(THE RECORDS)

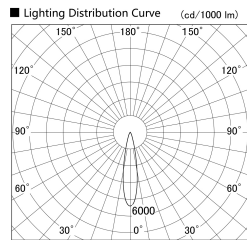

Item no. SD279-1520B9030S

Series Name: AMMA High Power compact tracklight (SD279)

Installation	Track light
Type	Lens type Cylinder tracklight type (DC 48V)
Fixture wattage	14W
Beam angle	21deg
Color Temp.	3000K
CRI	Ra>90
Luminous	1704 lm
Body	Die-cast aluminum alloy
Body finish	Black
Trim finish	Black
Reflector finish	N/A
IP Rate	IP20
Light source	COB module
Input Voltage	DC 48V
Dimming Type	Non-dimmable
Certificate	CE, CCC
Cut Hole	N/A
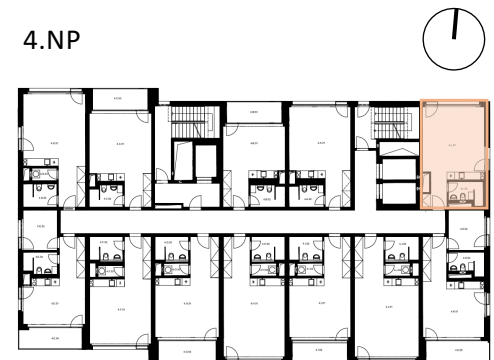

LIGHTHOUSE

Královopolská 139, Brno - Žabovřesky

TOTAL AREA: **4.L**
37,50 m²

R.N.	ROOM NAME	AREA [m ²]
01	ROOM	29,96
02	BATHROOM	4,12

Total floor area of the unit: 37,50 m²

The total floor area of the unit is given according to the Government Regulation No.366/2013 Coll. The equipment and facilities shown are only illustrative. Standard equipment is determined by the text of the concluded contract, which includes an annex with a description of the standard equipment. The indicated areas and areas are only indicative. The Seller reserves the right to change.
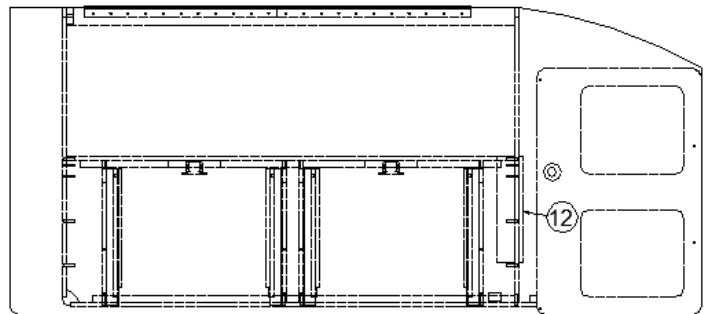

2016 CLASSIC TRAILER FURNITURE, BEDROOM

Twin Bed, Curbside

Parts Listed on Next Page
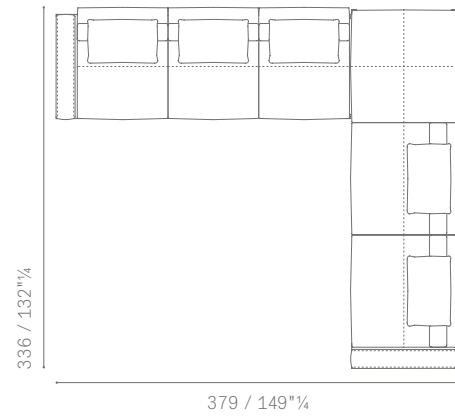

ESEMPIO DI COMPOSIZIONE 3 / LAYOUT EXAMPLE NO. 3

5614321 3 seater sofa 1 low arm sx
5614294 Large 2 seater sofa 1 low arm with corner bench sx
suggested extra cushions
n. 5 **5614565** Back cushions 65×65
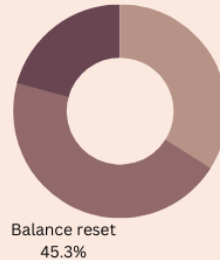

2022 VIBE CHECK REPORT

THE ECONOMY

What type of economy do you use the most?

Is the /fix price fair?

Could be higher 10.5%

Could be lower 21.1%

Crate-o-meter

If you had to choose, which type of economy would you feel the most motivated by?

If we did an Economy Reset, which parts would you want included?

/cheque will be disabled for a bit prior to balance reset

mcMMO Levels Reset 20.8%

Job Level Reset 34%

How motivating is the current economy?

If we were to change the max in game balance, what would you like it to be?

Would rather have an uncapped balance

2022 VIBE CHECK REPORT

PLAYER BASE

How do you like your in-game chat?

What continent are you connecting from?

(End THE RECORDS)

TASK STATEMENT
Each line above that has the word "tracklight" should be copied.

RESPONSE BOX
Series Name: AMMA High Power compact tracklight (SD279)
Type	Lens type Cylinder tracklight type (DC 48V)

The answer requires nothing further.